Records drawn from a dataset:
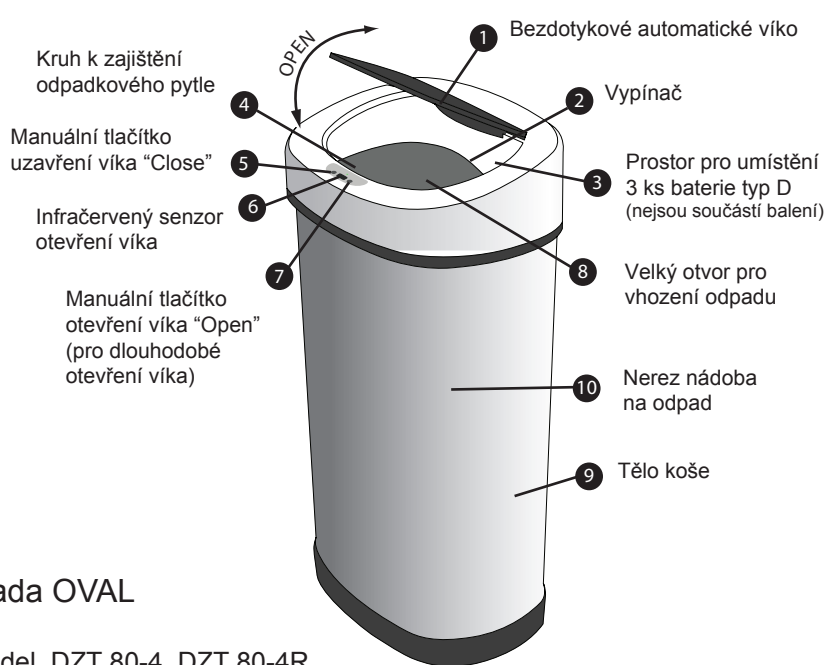

ÚVOD

Děkujeme Vám za zakoupení bezdotykového koše Helpmation. Bezdotykový odpadkový koš Helpmation je navržen a vytvořen pro jednodušší a hygienické nakládání s odpadem. Přiložením ruky 15-20 cm nad infračervený senzor koše se víko samo otevře a po vhození odpadu se víko automaticky zavře. Koš Helpmation šetří energii díky nejmodernější technologii výroby a speciálně navrženému mikročipu, který šetří energii. Kvalitní a stylový design koše elegantně doplňuje prostory, ve kterých je využíván.

POPIS

POUŽÍVÁNÍ

Krok 1

Obsah balení

Vybalte celý koš z obalů včetně všech jeho součástí:

- víko
- pojisný kruh k zajištění pytle
- nerezová nádoba

Krok 2

Zprovoznění koše

Krok 3

Vložte odpadkový pytel (není součástí balení)

Protáhněte odpadkový pytel kruhem a okraje odpadkového pytle zajistěte okolo kruhu. Odpadkový pytel vložte do nádoby a kruh nasadte na nádobu jemným zatlačením směrem dolů.

● Task goal:
Scan the entries above for the word "pytle" and collect each line holding it.

● Your response:
- pojisný kruh k zajištění pytle
Protáhněte odpadkový pytel kruhem a okraje odpadkového pytle zajistěte okolo kruhu. Odpadkový pytel vložte do nádoby a kruh nasadte na nádobu jemným zatlačením směrem dolů.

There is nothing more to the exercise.